A veces reflexiono y pienso que nacemos como un lienzo en blanco, impecable, limpio y puro. Y que cada situación o hecho en la vida que nos sucede a nosotros mismos y a nuestro alrededor, cada estimulo, por más ínfimo que sea, es una rayita que se impregna en nuestro lienzo. Cada una de esas lineas, manchas o puntos tiene su propia textura, color y forma. Solamente cierra tus ojos e imagina tu propio lienzo en blanco, contaminado de historias y cicatrices que te hacen ser hoy en día lo que en cuerpo, mente y alma aparentas ser. Ahora, con un poquito más de dificultad, súmale tus vidas anteriores. Imagina ese lienzo como estaría hoy en día, como fue cambiando de textura y de colores durante toda la historia de tu existencia, imagina el grosor y el peso que carga. Porque al fin y al cabo todos los seres que se cruzan en nuestros caminos aportan su granito de arena para que hoy seamos lo que somos y estemos donde estamos y viceversa, nosotros hemos interferido en otras vidas también.

Para descubrir lo que realmente somos, deberíamos tratar de quitar esa enorme pintura, no porque sea mala, para nada, todo lo contrario, deberíamos saber despegarla para conocer nuestra esencia pura y luego cargárnosla de nuevo.

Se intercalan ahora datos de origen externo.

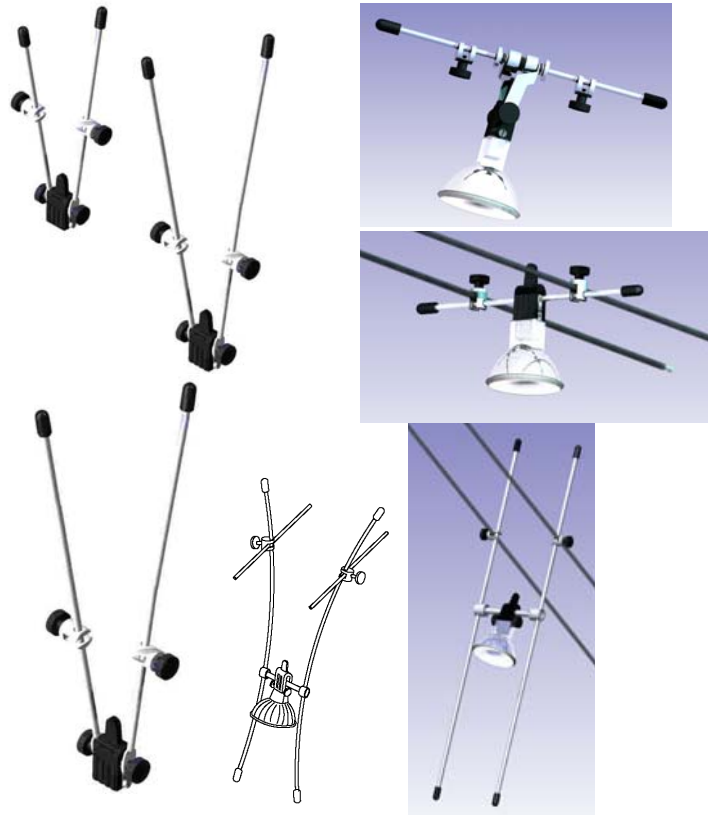

### ByLine

12 volt Insulated Cable System

**Description:** A unique surface mount lighting system using a pair of stranded cables to carry low voltage current. Ideal for spanning an open space or lighting a challenging location.

#### Options / Accessories:

#3112 Universal Connector

#3101 Short Anchor, #3102 Long Anchor, #3103 Tension Device, #3104 Dead End Connector, #3106 Isolator

#3111 Cable Feed, #8001 Sphere

Space Wheel—Short #3120, Long #3121

Finial—Small #8003, Large #8004

**Fixtures shown above:** Left—5" Short Legs, 15" Long Legs, 36" Daddy Long Legs, 16" Ballet. Right from top—6" Straight Balance, 6" Omni Star, 16" Tango

UL-1574 - Mfg. exclusively for ImageCrafters by HighLights LTD. Bogata, Columbia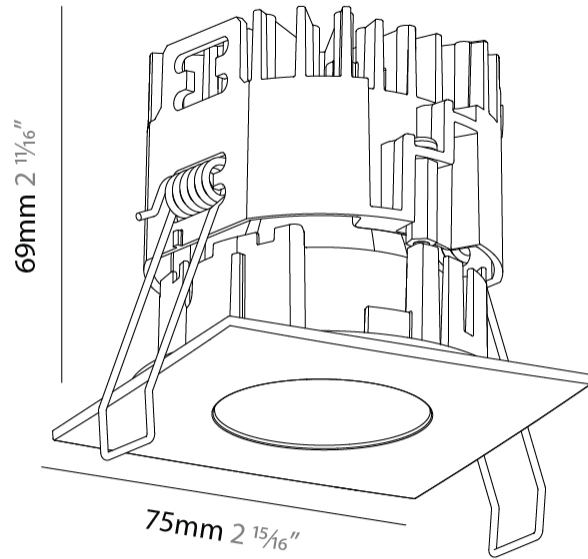

PHYSICAL

Shape: Square
Length (mm): 75
Length (in): 2 ¹⁵/₁₆
Width (mm): 75
Width (in): 2 ¹⁵/₁₆
Height (mm): 65
Height (in): 2 ⁹/₁₆
Ceiling Thickness (mm): 1 - 25
Ceiling Thickness (in): 1/16 - 1 3/16
Min. Recessing Depth (mm): 70
Min. Recessing Depth (in): 2 ³/₄
Light Distribution: Downlight
Weight (kg): 0.19
Diffuser: Lens Pack / No Lens / Opal / Linear Spread Lens / Honeycomb / Spread Lens
Fixture Finish: SSR / BKV / CWI / CRY / HAB / UFT / ITA / RUA / FTG / MYG / LOD / PUS / FRO / FUP / KIA / POP / BLS / SPG / MEY / GOH / GUM / CHC / COM / ABZ / JAG / OBR / MOS / ROR
Fixture Material: Aluminum Die Cast
Cut-out Measurements: D. 68mm / 2 11/16"

ELECTRICAL

Lamp Type: LED (Zhaga Standard)
Input Wattage (W): 15
Total Output Wattage (W): 12.7
Dimming: Tri-Mode (Non-Dimming and Phase Dimming (120Vac only) and 0-10V Dimming)
Driver Included: No
Driver Location: Remote
Driver Type: Constant Current - 120/277
Driver Class: Class 2
Input Voltage (V): 120 - 277
Constant Current (MA): 700

LED

Number of LEDs: 1
Color Temperature (°K): 2700-6500 Tunable White
Max. Delivered Lumen (lm): 960 - 1129
Nominal Lumen (lm): 1242 - 1460
CRI: >90 CRI
Lamp Life (hrs): 50000

OPTICAL

Beam Angle: 36

RATINGS AND CERTIFICATIONS

Certified By: Certified for North American Standards
IP rating: IP20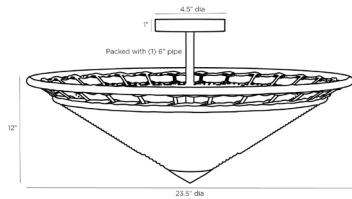

ARTERIOS

TERRACE FLUSHMOUNT

CELERIE KEMBLE

GCDFS01

H: 12 IN, Dia: 23.50 IN

Natural, Rattan

Contract Suitable As Is

A continuation of the Terrace family, this flushmount is made up of natural, handwoven rattan. The ceiling mount and centerpoint tip are crafted of gold steel finished iron that contrast the whimsical silhouette. Finish will vary.

APPEARANCE

Material	Iron, Rattan
Finish	Gold Steel
Finish Will Vary	true
Top Coat/Sealant	true

DIMENSIONS

Body	H: 12 IN, Dia: 23.50 IN
Canopy	H: 1 IN, Dia: 4.50 IN

WIRING

Rating	Indoor Only
Suggested Bulb Type	G25
Cord	10 FT
Socket	2, Type B - E12
Maximum Watt	60
Voltage	110-120 V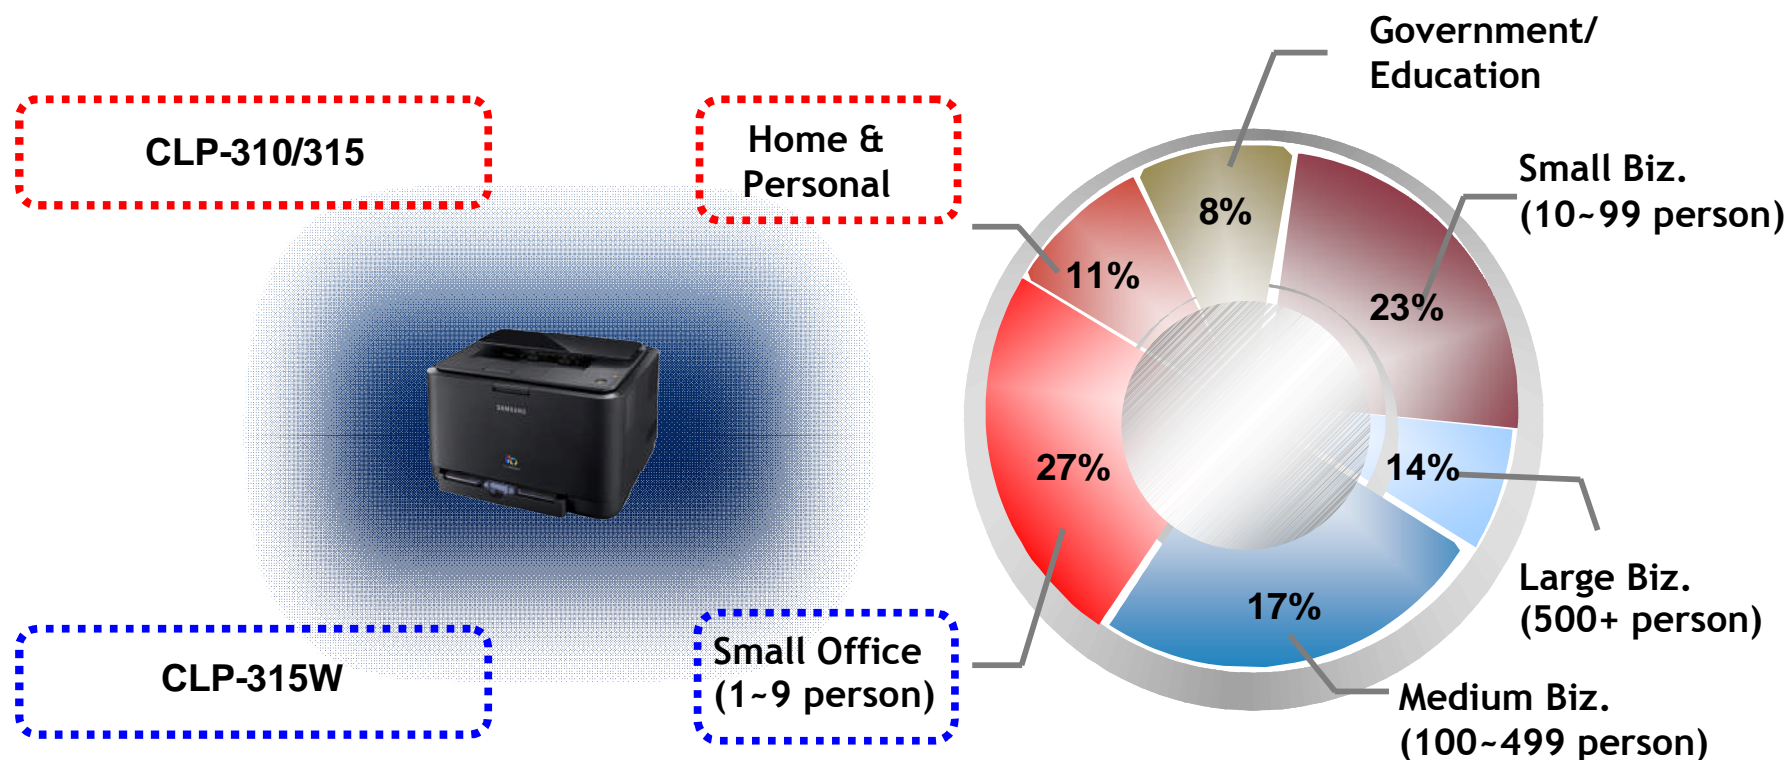

CLP-315W

SAMSUNG
print solutions

mono // colour // multi-function

Concept

The smallest & quietest colour laser in the world

Target

Personal user & Small Office Home Office

CLP-315W

- 4 pages per minute colour print speed
- 16 pages per minute mono print speed
- SPL-C printing language
- Up to 2,400 x 600 dpi effective resolution
- 150 sheet paper cassette
- 1,500 Black toner
- 1,000 Cyan/Magenta/Yellow toners
- USB 2.0 & 10/100 Ethernet connectivity
- 802.11B/G Wireless Connectivity

Target

Personal user & Small Office Home Office

[Based on IDC 2007 3Q 1-20ppm Market Size]

Borderless Mobility

Connect wirelessly to your CLP-315W with 802.11B/G wireless network inbuilt. Allowing users to roam around whilst still being connected to their printer.

FACT FILE

802.11G is the third standard for Wireless LAN. It works in the 2.4 GHz band (like 802.11b and some cordless phones) but operates at a maximum raw data rate of 54 Mbit/s.

802.11G hardware is fully backwards compatible with 802.11b hardware. In an 11g network, however, the presence of a legacy 802.11b device will significantly reduce the speed of the overall **802.11G** network.

Ahora viene la parte difícil donde te preguntas como hacerlo. Esa es la cuestión y no soy el indicado para enseñarte, al menos todavía no.

Saliendo de nuestro pequeño juego mental, seguimos con el relato después de aburrirlos con tanto preámbulo. De vuelta en casa, siento felicidad. Estoy feliz de estar viviendo el día a día, trato no perder esas gotas de mística que uno adopta personalmente de los perfectos lugares que va visitando y aquellas enseñanzas que nos quedan luego de conocer una por una las perfectas personas que atraviesan nuestros caminos. Estaría altamente errado en creer que esos olores, recuerdos, consejos, paisajes y demás son míos, porque no me pertenecen, no son de mi propiedad, simplemente contribuyeron a hacer de uno lo que es en la actualidad.

Claro que sí, acá es distinto, es inevitable aceptarlo. El hogar en sí es distinto, en nuestro accionar día a día no nos dejamos llevar por las pasiones, cometemos la tremenda equivocación de convertir nuestros quehaceres en algo odiado, que solemos nombrar rutina, aun siendo conscientes de que todos los días geniales y nosotros somos LIBRES para hacer algo nuevo, algo distinto, algo a lo que temamos, algo que nos mueva aunque sea un poquito el pulso y sin embargo, por una u otra razón, no lo hacemos.

No puedo negarlo, he vuelto a mecanizarme, he vuelto a hacerme rutinario, a dejar de pensar y reflexionar el porqué de nuestras vidas, he dejado de preguntarme cual es mi misión en este planeta, o a veces como me gusta contestarle a los que que me sacan el tema, “estoy descansando de la verdad”.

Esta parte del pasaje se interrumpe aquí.